* _Data for this exercise_:
== Segment start ==

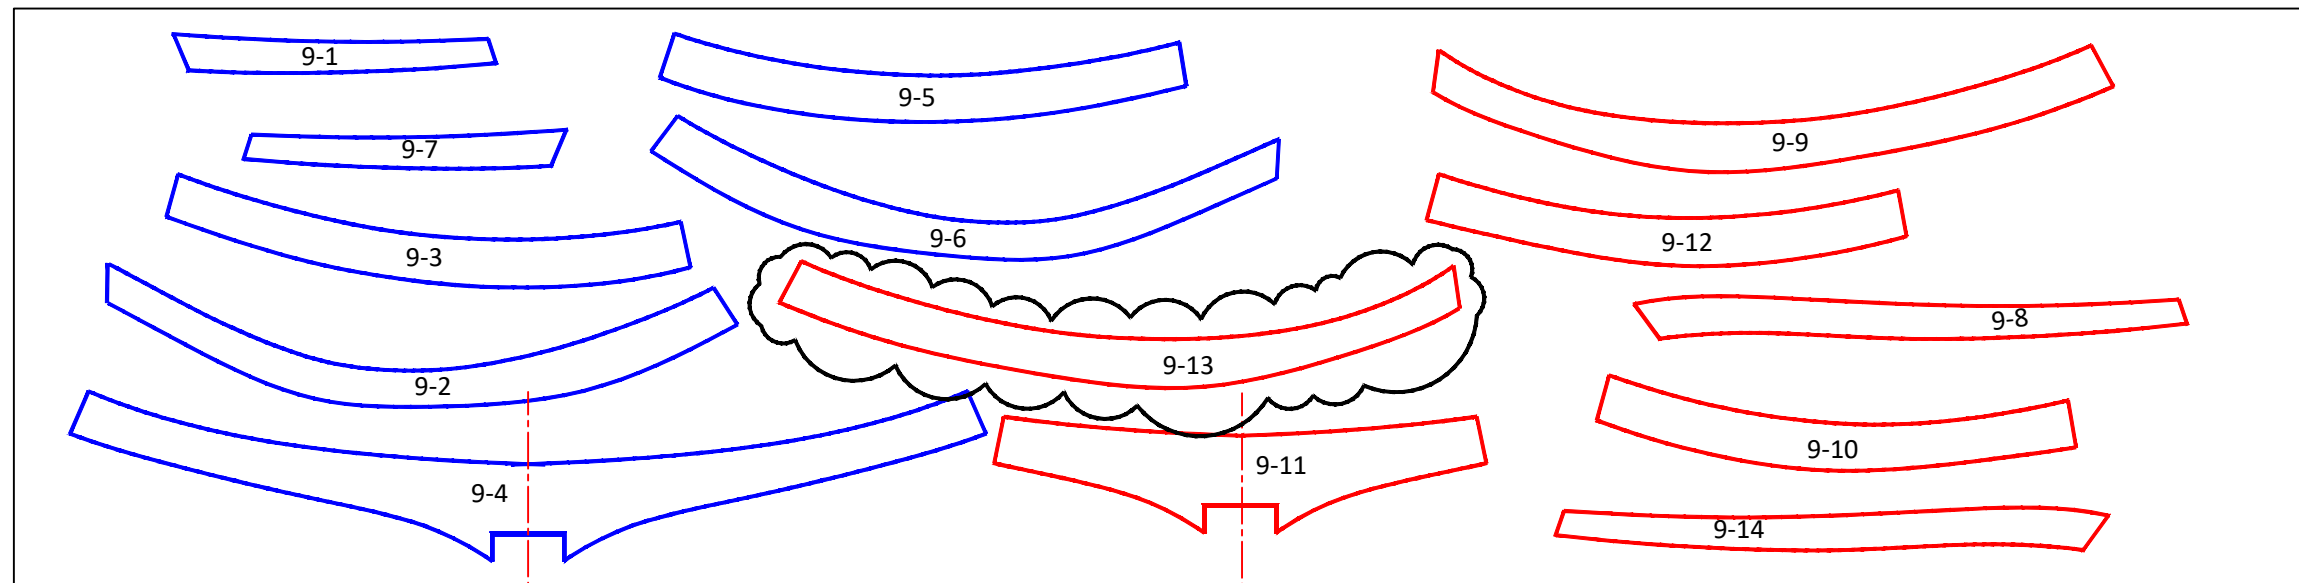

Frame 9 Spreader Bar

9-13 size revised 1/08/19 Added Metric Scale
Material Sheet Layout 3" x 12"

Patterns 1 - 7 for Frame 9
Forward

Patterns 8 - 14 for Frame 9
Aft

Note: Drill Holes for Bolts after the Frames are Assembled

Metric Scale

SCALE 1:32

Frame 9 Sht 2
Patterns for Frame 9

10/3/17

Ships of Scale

== Segment end ==
== Segment start ==

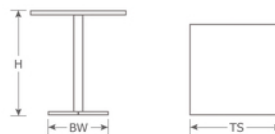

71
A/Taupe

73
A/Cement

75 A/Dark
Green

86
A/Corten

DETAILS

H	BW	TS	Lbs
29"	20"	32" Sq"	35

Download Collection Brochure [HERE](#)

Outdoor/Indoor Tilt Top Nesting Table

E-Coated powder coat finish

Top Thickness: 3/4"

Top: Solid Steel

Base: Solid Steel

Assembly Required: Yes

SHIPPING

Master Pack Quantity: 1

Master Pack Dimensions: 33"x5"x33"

== Segment end ==
== Segment start ==

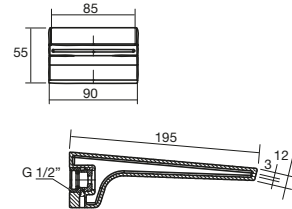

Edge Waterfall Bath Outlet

== Segment end ==

* _Task brief_:
Please transcribe only the lines in the records above running from the line that has "Frame 9 Spreader Bar" through the line that has "Ships of Scale", both included, exactly as they appear.

* _Reply to the exercise_:
Frame 9 Spreader Bar

9-13 size revised 1/08/19 Added Metric Scale
Material Sheet Layout 3" x 12"

Patterns 1 - 7 for Frame 9
Forward

Patterns 8 - 14 for Frame 9
Aft

Note: Drill Holes for Bolts after the Frames are Assembled

Metric Scale

SCALE 1:32

Frame 9 Sht 2
Patterns for Frame 9

10/3/17

Ships of Scale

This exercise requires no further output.